An autonomous vehicle drives on a deserted stretch of highway. Suddenly, a huge tornado is seen in the distance. What does driverless vehicles do next?
This is one of the scenarios that Waymo can simulate in the “ultra-realistic” virtual world it just created with the help of Google’s DeepMind. Waymo’s world model is built using Google’s new AI World Model Genie 3, which can generate virtual interactive spaces with text or images according to prompts. But Genie 3 isn’t just about making poor imitations of Nintendo games; It can also create photorealistic and interactive 3D environments “adapted to the rigors of the driving domain”. waymo says.
Simulation is a key component in autonomous vehicle development, enabling developers to test their vehicles in a variety of settings and scenarios, many of which may only be encountered in rare occasions – without any physical risk of harm to passengers or pedestrians. AV companies use these virtual environments to run them through a series of tests, driving millions – or even billions of miles in the process, in the hopes of better training their vehicles for any potential “edge cases” they might encounter in the real world.

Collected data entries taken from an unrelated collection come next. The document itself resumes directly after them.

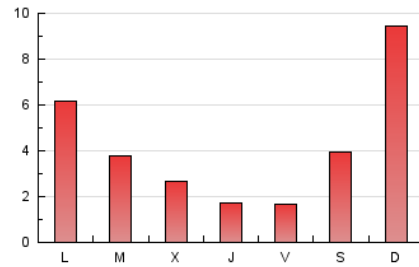

1. Cifras totales y promedios (Nacional e Internacional)

MES - AÑO	NAVEGADORES UNICOS	VISITAS	PAGINAS
Febrero - 2023	5.676	7.121	11.760
PROMEDIO DIARIO	233	254	420
PROMEDIO LUNES-VIERNES	168	184	320
PROMEDIO SABADO-DOMINGO	396	430	670
PAGINAS / VISITAS	1,65		
DURACION MEDIA VISITAS	0:01:12		
DURACION MEDIA PAGINAS	0:01:51		

2. Secciones (Nacional e Internacional)

	PAGINAS	%
HOME	1.173	9.97 %
RESTO	10.587	90.03 %

3. Por día del mes (Nacional e Internacional)

Día	N. únicos	Visitas	Páginas	Día	N. únicos	Visitas	Páginas	Día	N. únicos	Visitas	Páginas
1	65	72	129	11	50	55	105	21	490	534	909
2	67	82	138	12	49	59	125	22	299	322	577
3	71	78	159	13	66	80	184	23	154	164	329
4	70	76	98	14	53	61	131	24	142	156	247
5	180	196	308	15	67	72	162	25	466	500	761
6	124	142	299	16	62	67	115	26	1.441	1.525	2.050
7	156	167	232	17	74	81	150	27	441	465	705
8	94	101	190	18	311	356	618	28	157	173	244
9	73	75	111	19	597	670	1.291				
10	74	80	106	20	635	712	1.287				

4. Gráficas (Nacional e Internacional)

4.1 Por día de la semana (promedio)

N. únicos / Visitas (x 100)

Páginas (x 100)

4.2 Por franja horaria (promedio)

Visitas_ (x 1000)

Páginas (x 1000)

4.3 Por meses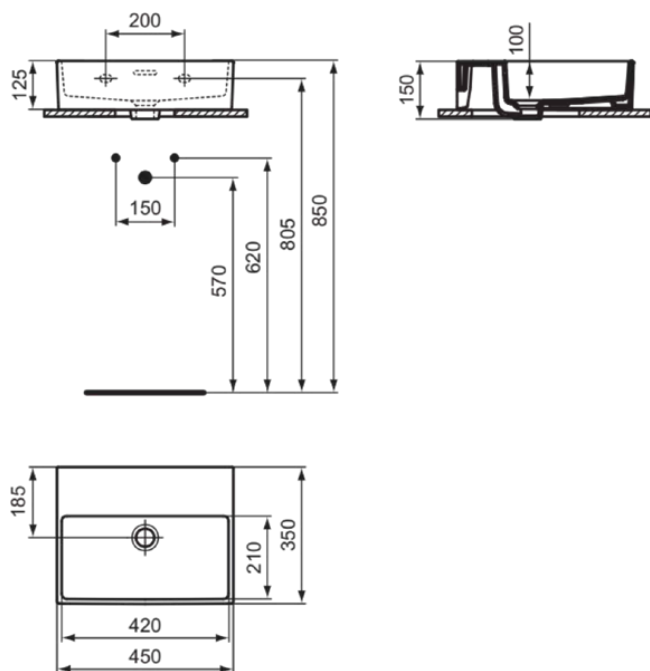

EXTRA

T391801

EXTRA | Fontein 450x350x150 mm in glanzend wit afwerking, zonder kraangat, met overloop
| Ruimtebesparende wastafel

Afbeelding & technische tekening

Algemene informatie

Productcategorie:	Wastafels
Producttype:	Fontein
Merk:	Ideal Standard
Collectie:	EXTRA
Ontwerper:	Palomba Serafini Associati
Colour:	01 - Glanzend Wit
Afwerking van het oppervlak:	glanzend
Hoogte (mm):	150
Breedte (mm):	450
Lengte / sprong (mm):	350
Nettogewicht (kg):	10.30
EAN-code:	8014140468240

Kenmerken

Ruimtebesparende wastafel

Productnormen & certificeringen

Normen:	EN 14688
Prestatieverklaring classificatie (DoP):	CL 25

Product specificaties

Kleurcode:	01
Kleuromschrijving:	glanzend wit
Geslepen onderzijde:	Ja
Model voor mindervaliden:	Nee
Met kettingoog:	Nee
Materiaal:	Keramisch
Materiaalkwaliteit:	Fine Fireclay
Aantal kraangaten per gebruiksplaats:	0
Aantal gebruiksplaatsen:	1
Overloop zichtbaar:	Ja
PVD technologie:	Nee
Afzetplateau:	Achterkant
Afwerking van het oppervlak:	glanzend
Type overloop:	Gleuf
Met rugwand:	Nee
Met afvoerplug:	Nee
Met overloop:	Ja
Met sifon:	Nee
Inclusief bevestigingsmateriaal:	Nee
Bevestigingswijze:	Wand
Aanbevolen zaagmal:	TT0299736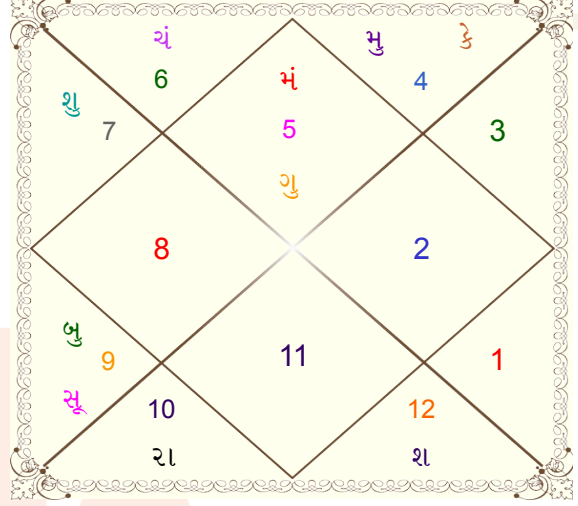

એકાદશ માસ

30/12/2026 21:51:34 થી 29/01/2027 08:56:03 સુદી

ગ્રહ	વ રાશિ	નક્ષત્ર	અંશ
લગ્ન	સિંહ	મઘા	05:04:45
સૂર્ય	ધનુ	પૂર્વાષાઢા	14:44:23
ચંદ્ર	કન્યા	હસ્ત	13:25:14
મંગળ	સિંહ	પૂ.ફાલ્ગુનિ	15:28:25
બુધ	ધનુ	પૂર્વાષાઢા	13:33:20
ગુરુ	વ સિંહ	મઘા	02:16:57
શુક્ર	તુલા	વિશાખા	27:56:30
શનિ	મીન	ઉ.ભાદ્રપદ	14:02:48
રાહુ	મકર	ધનિષ્ઠા	27:13:49
કેતુ	કર્ક	આશ્લેષા	27:13:49
મુંથા	કર્ક	આશ્લેષા	29:36:59

માસાધિપતિ

માસાધિપતિ : સૂર્ય

આ માસ તમારા માટે શુભ નથી અને તમે અશુભ ફળ પ્રાપ્ત કરશો. આ સમય દરમિયાન ખર્ચ વધુ પ્રમાણમાં થશે અને તમે દુષ્ટ વ્યક્તિઓની સંગતમાં પડશો. નાણાકીય સમસ્યાઓ પણ ઉત્પન્ન થશે. તમારૂં શારીરિક સ્વાસ્થ્ય સારૂં નહીં રહે તથા અનેક પ્રકારના કષ્ટ શારીરિક રીતે અનુભવશો. તદ્ઉપરાંત માનસિક રીતે પણ અશાંત અને અસંતુષ્ટ રહેશો. આ માસમાં તમારા શુભ અને મહત્વપૂર્ણ કાર્યો પણ ખૂબ પરિશ્રમ કરવા છતાં ઓછા સફળ થશે. તેથી વિશેષ, ધર્મ પ્રત્યે તમને શ્રદ્ધા નહીં રહે તથા દેવતા અને બ્રાહ્મણોની તમે ઉપેક્ષા કરશો. અત્ય રીતે પણ આ માસમાં નુકશાનના પ્રબળ યોગો બને છે. આ સમય દરમિયાન મિત્રો અને બંધુઓ સાથે સંબંધ સારા નહીં રહે અને તેમનાથી વાંછિત સહકાર પ્રાપ્ત નહીં કરી શકો તથા તમારા કાર્યક્ષેત્રમાં બીનજરૂરી વિઘ્નો ઉત્પન્ન થશે. આ સમયે તમારા શત્રુઓ પણ બળવાન રહેશે તથા તમે તેમનાથી ચિંતિત અને ભયભીત રહેશો. તેથી વિશેષ, તમે જે કાર્ય પ્રારંભ કરશો તેમાં સફળતાની જગ્યાએ નિષ્ફળતા જ પામશો.

તદ્ઉપરાંત શરદી અને વાતરોગથી પિડાઈ શકો છો અને તમે કોઈ એવું કાર્ય કરી બેસશો જેનાથી સમાજમાં તમારી અવગણના થાય અને તમારે પાછળથી પસ્તાવું પડે. અગ્નિથી પણ નુકશાનના યોગો પ્રબળ છે તેથી સાવચેતીથી અને ધીરજપૂર્વક તમારા કાર્યો કરવાં જોઈએ.

Shree Ram Krushna I Healing by Monalie soni

Cg road, Ahmedabad, Gujrat

9327559725

monaliesoni55@gmail.com

What types of edge cases is Waymo testing? In addition to the aforementioned tornadoes, the company can also simulate a snow-covered Golden Gate Bridge, a flooded suburban cul-de-sac with floating furniture, a neighborhood engulfed in flames, or even an encounter with a rogue elephant. In each scenario, the Waymo robotaxi’s lidar sensors generate a 3D rendering of the surrounding environment, including obstacles in the road.
“The Waymo World Model can generate almost any scene – from regular, day-to-day driving to rare, long-tail scenarios – across multiple sensor modalities,” the company says in a blog post.
Waymo says the Genie 3 is ideal for creating virtual worlds for its robotaxis, citing three unique mechanisms: driving action control, scene layout control, and language control. Driving action controls allow developers to simulate “what if” counterfactuals, while visual layout controls enable the optimization of traffic signals and other road user behavior such as road layout. Waymo describes the language control as its “most flexible device” that allows adjustments to be made to the time of day and weather conditions. This is especially helpful if developers are trying to simulate low-light or high-brightness situations, in which the vehicle’s various sensors may have difficulty seeing the road ahead.
The company says the Waymo World model can also take real-world dashcam footage and transform it into a simulated environment for “the highest degree of realism and factuality” in virtual testing. And it can create simulated scenes for long periods of time, such as play at 4X speed playback, without compromising image quality or computer processing.
“By simulating the ‘impossible,’ we proactively prepare Waymo drivers for some of the most rare and complex scenarios,” the company says in its blog post.